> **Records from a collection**
>>

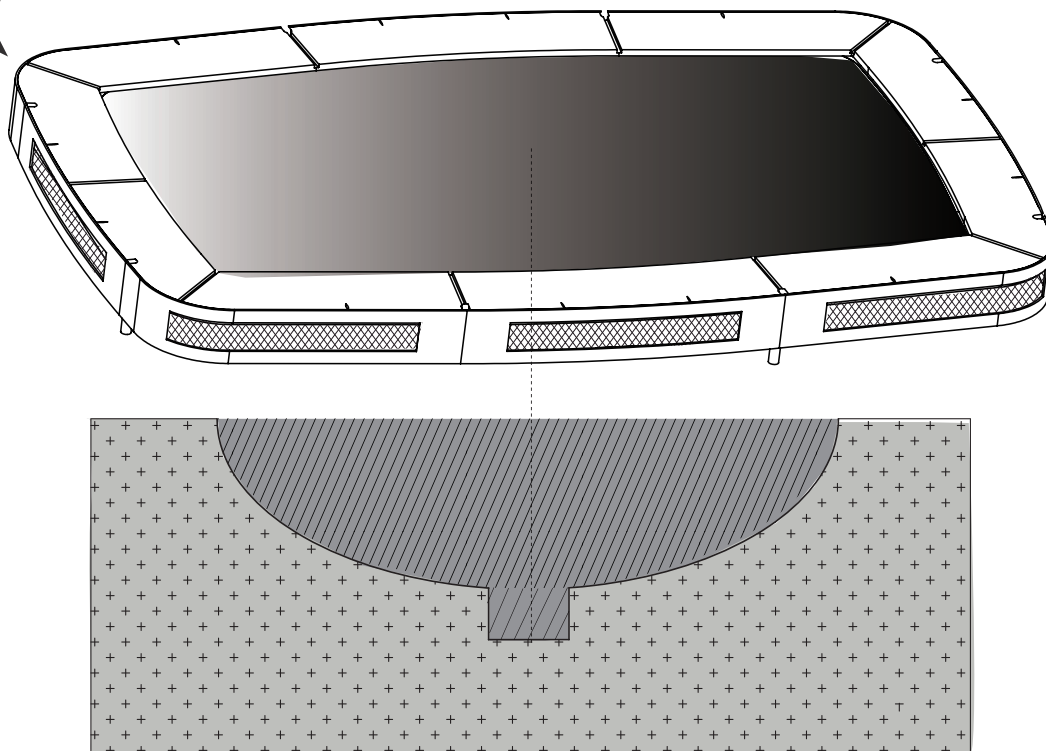

# Sports Trampoline

EXIT Elegant Sports  
244x427cm/8x14ft

14

**15**

**16**

# Sports Trampoline

EXIT Elegant Sports  
24x427cm/8x14ft

17

18

**19**

**20**
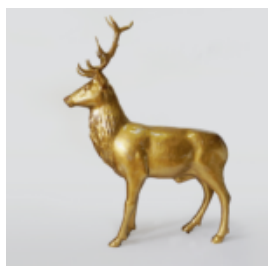

FIBERGLASS DEER LIFE - SIZE FIGURE - SINGLE COLOR

Article number:
F006

Description:
Fiberglass Deer Life - Size Figure - Single...

FIBERGLASS COW SHAPED BENCH - COLOR STRIPES EDITION

Article number:
f016b
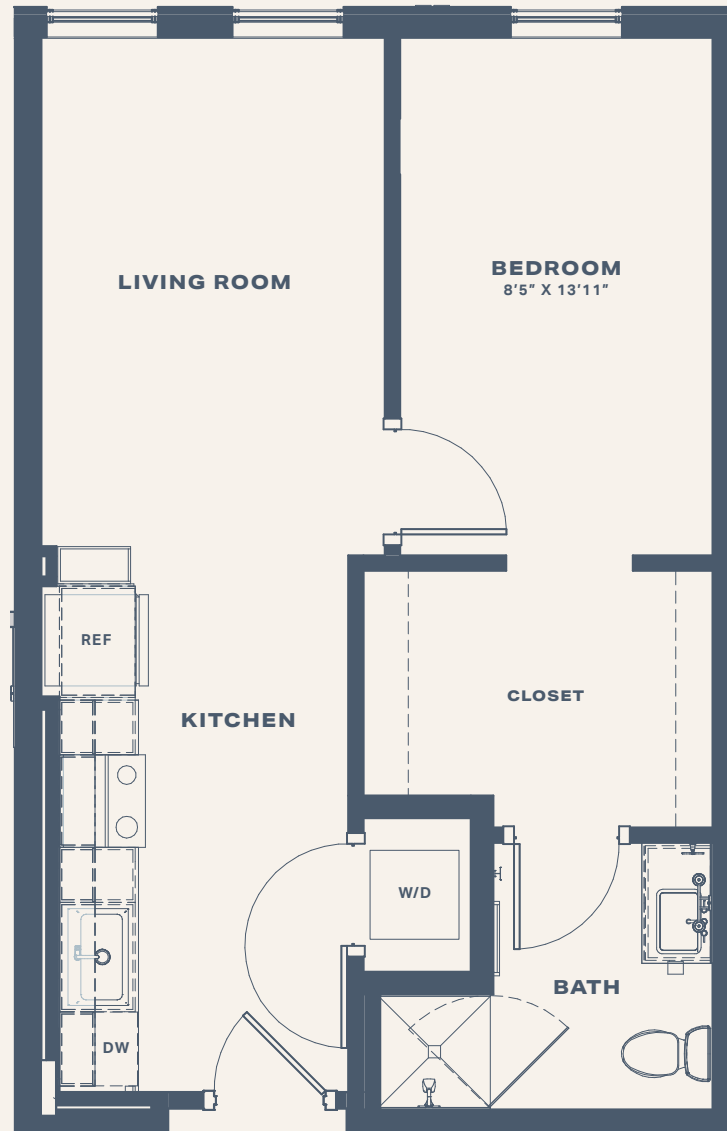

THE PROPER

PREMIUM BALCONY - LEVEL 3

TYPE	A1
ROOMS	1 BED 1 BATH
SIZE	567 SF

NOTES

THE PROPER

PREMIUM BALCONY - LEVEL 3

TYPE **A1**

ROOMS **1 BED | 1 BATH**

SIZE **567 SF**

NOTES

THE PROPER

TYPE	A1
ROOMS	1 BED 1 BATH
SIZE	567 SF

NOTES

THE PROPER

TYPE **A1**

ROOMS **1 BED | 1 BATH**

SIZE **567 SF**

NOTES

THE PROPER

TYPE **A1.1**

ROOMS **1 BED | 1 BATH**

SIZE **567 SF**

NOTES

THE PROPER

TYPE **A1.1**

ROOMS **1 BED | 1 BATH**

SIZE **567 SF**

NOTES

<<

> **Task objective**
Please restate the entries word for word. Skip the pictures.

> **Exercise result**
# Sports Trampoline

EXIT Elegant Sports  
244x427cm/8x14ft

14

**15**

**16**

# Sports Trampoline

EXIT Elegant Sports  
24x427cm/8x14ft

17

18

**19**

**20**

FIBERGLASS DEER LIFE - SIZE FIGURE - SINGLE COLOR

Article number:
F006

Description:
Fiberglass Deer Life - Size Figure - Single...

FIBERGLASS COW SHAPED BENCH - COLOR STRIPES EDITION

Article number:
f016b

THE PROPER

PREMIUM BALCONY - LEVEL 3

TYPE	A1
ROOMS	1 BED 1 BATH
SIZE	567 SF

NOTES

THE PROPER

PREMIUM BALCONY - LEVEL 3

TYPE **A1**

ROOMS **1 BED | 1 BATH**

SIZE **567 SF**

NOTES

THE PROPER

TYPE	A1
ROOMS	1 BED 1 BATH
SIZE	567 SF

NOTES

THE PROPER

TYPE **A1**

ROOMS **1 BED | 1 BATH**

SIZE **567 SF**

NOTES

THE PROPER

TYPE **A1.1**

ROOMS **1 BED | 1 BATH**

SIZE **567 SF**

NOTES

THE PROPER

TYPE **A1.1**

ROOMS **1 BED | 1 BATH**

SIZE **567 SF**

NOTES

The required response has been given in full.